Reflect array with patch antenna requires tight fabrication tolerances to achieve desired phase value, as the patch size versus phase curves are extremely nonlinear [8]. Because of the rapid phase change around resonance, most reflectarray elements have lengths within ±5% of the nominal resonant length [8, 9]. This causes phase errors which results for changes in frequency greater than a few percent. Random phase errors due to etching tolerances, is usually more critical for patch antenna than Slot FSS because of the large slope of the phase versus patch-size curves. This effect also limits the bandwidth. So, it is difficult to design deterministic function or to get controlled phase response at the desired frequency. By using thick substrate, the slope of phase versus patch size curve can be reduced but the quality factor (Q) and the total phase range decrease. As explained in [10], the dual resonant response of a two layer-grounded FSS array of dissimilar size patch elements was used to overcome the limitations associated with the use of thick substrates, but the structure cannot be printed on a single substrate surface; double-side mask alignment is needed. This means difficulties with the design accurately. The present design excludes the possibility of obtaining dual frequency operation since independent control of the dimensions of the slot length is normally required in each unit cell.

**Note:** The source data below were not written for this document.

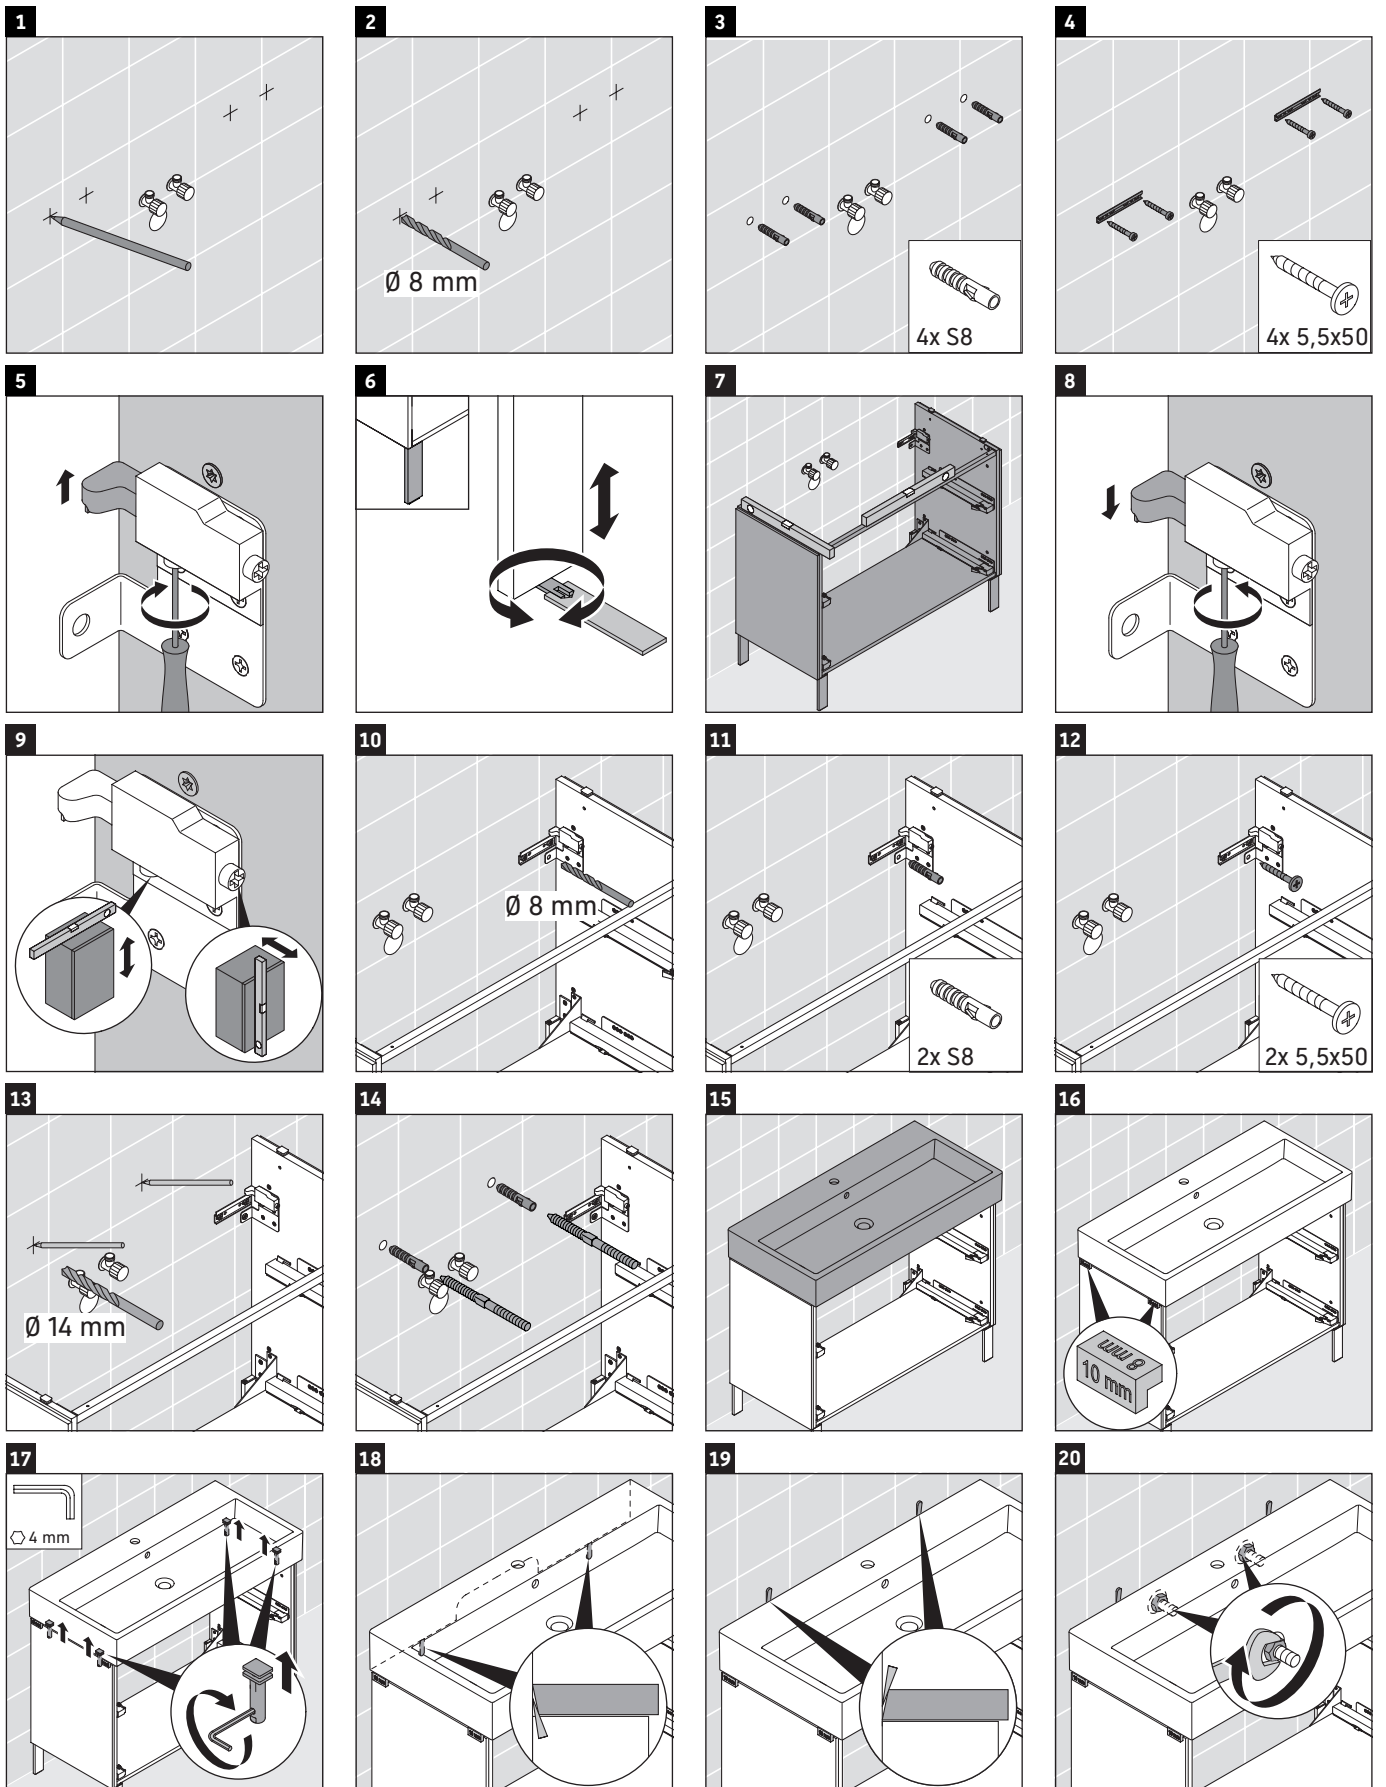

Best.-Nr. LC6777/17.03.1
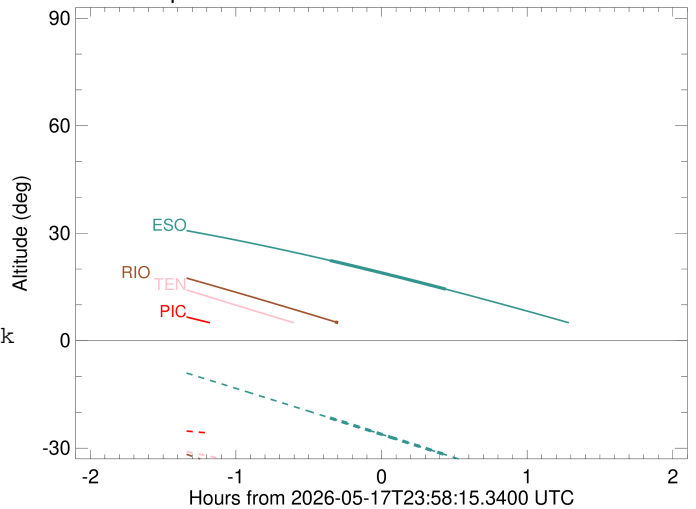

Jupiter 2026-05-17T23:58:15 K6.42 G9.02
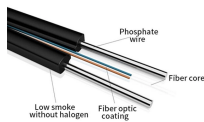

This comprehensive system includes versatile wire-mesh trays, protective covers, and a range of accessories like dividing strips, curves, elbows, and level changes.
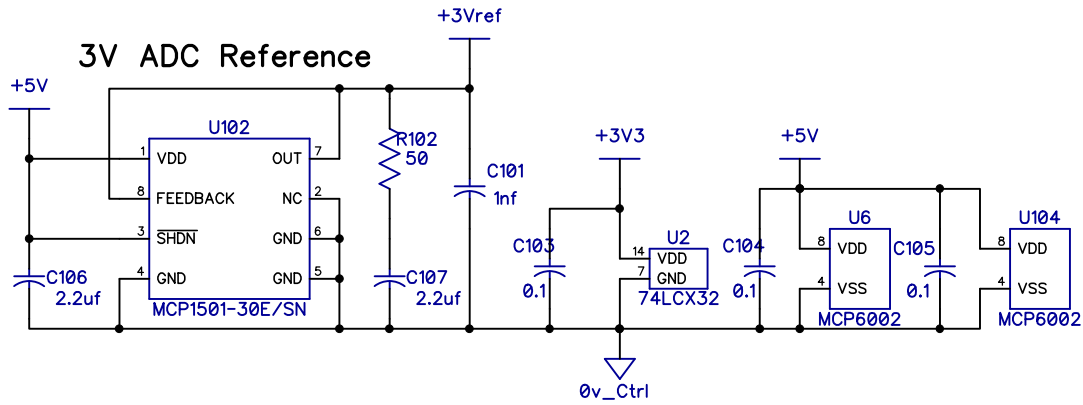

Pi Pico H-Bridge Controller

S. Mike
Ver 1.0, 31/July/21

AC full Wave Peak Rectifier

CPU_Bus
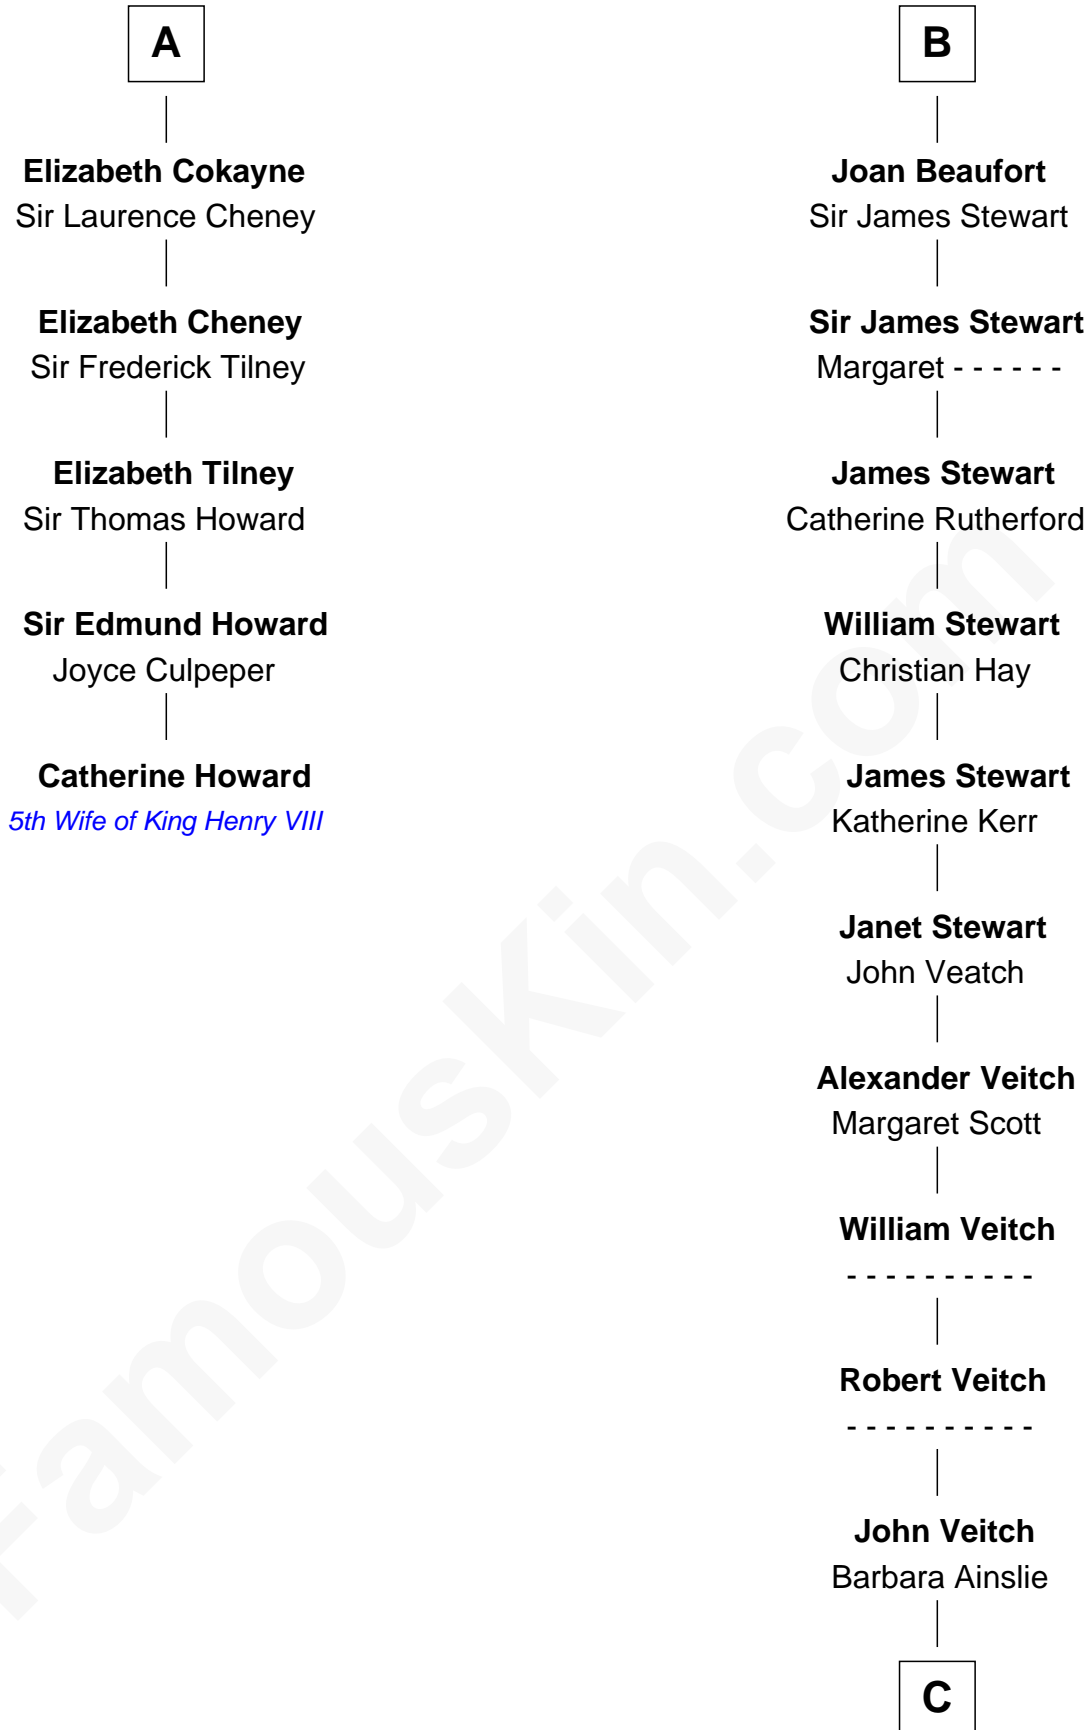

FamousKin.com Relationship Chart of

Catherine Howard

5th Wife of King Henry VIII

11th cousin 9 times removed of

Noel Coward

Playwright, Actor, and Songwriter

Sir William Longespee

Ela of Salisbury

C

Henry Veitch

Margaret Harrison

Henry Gordon Veitch

Mary Kathleen Synch

Violet Agnes Veitch

Arthur Sabin Coward

Noel Coward

It is easier than multilayer design in “[10].” The phase versus frequency curve of grounded FSS is more linear so no need of tight fabrication tolerances like patch antenna. The proposed periodic array structure can be printed on a single substrate surface; double-side mask alignment is not needed [11]. The structure is the superior alternative to other broadband elements as the construction of the structure is very much simpler and cheaper.

This paper is organized as follows. Section 2 describes the design, fabrication, and testing of slot length dependence phase variation of grounded FSS. In practice, the designs of FSSs with different slot lengths show that FSS can be used as phase-delay circuit. In Section 3, the same concept is applied to design an FSS array compose of different slot lengths to split the coherent mm-wave beam for a deterministic function analysis. In Section 4, the FSS cells of the beam splitter array explained in Section 3 were rearranged to get a stochastically independent phase patterns. The reshuffled array gives diffused radiation pattern at every frequency in W-band which proves that the proposed coherent destroyer is capable to destroy the coherence of mm-wave by generating random-phase reflection.

2. W-Band Grounded FSSs

The design of W-band quasioptical filters, consisting of periodically perforated slots on metal backed Roger 4003C substrate, is considered. As shown in Figure 1, the structure consists of rectangular slots in 1.5 μm, aluminum on top of 1489 μm grounded Roger 4003C substrate of dielectric constant ε_r = 3.38, and loss tangent 0.0027. Before metallization, a 10 μm benzo-cyclo-butene (BCB) layer was deposited between the aluminum layer and Roger 4003C to level the roughness of the Roger 4003C surface. As the thickness of the dielectric wafer Roger 4003C is in the order of the half wavelength, the structure behaves like a Fabry-Perot resonator. During the simulation, the structure can be tuned out so that the FSS geometry can be adapted to a slightly different wafer thickness, without deterioration of the device characteristics. The resonant frequency can be set properly by choosing the space between the slots (A and B in Figure 1) and the slot length “a” and slot width “b.” The simulations of the structure were carried out by using commercial CST microwave studio software. Starting the simulation with initial values obtained from calculation of the approximate resonance condition, final values were determined from CST simulation results. The unit cell dimensions were optimized to the value of A = B = 1400 μm.

Figure 1: Unit cell of rectangular slot grounded FSS.

We considered three grounded FSSs with slot lengths of 896 μm , 970 μm and 1076 μm and their sloth width of 400 μm to check the slot length dependence phase variation. These values are obtained from the CST simulation. The CST simulation software performs simulation by using numerical tools of finite integral technique (FIT). In this case, the numerical method provides a universal spatial discrimination scheme, applicable to various electromagnetic problems, ranging from static field calculations to high-frequency applications in time domain. FIT is static up to the THz range. Due to the fact that a computer is only capable of calculating problems which have finite expansion, we need to specify the boundary conditions. The basic functions are calculated numerically by using the perfect boundary approximation. The perfect boundary conditions were chosen to get the tangential electric and tangential magnetic fields components uniform inside the slot but outside to zero. The electric boundary (i.e., all tangential electric fields and normal magnetic fluxes are set to zero) was chosen in the “y” axis direction and the perfect magnetic boundary (i.e., all tangential magnetic fields and normal electric fluxes are set to zero) was chosen in the “x” axis direction as in Figure 1.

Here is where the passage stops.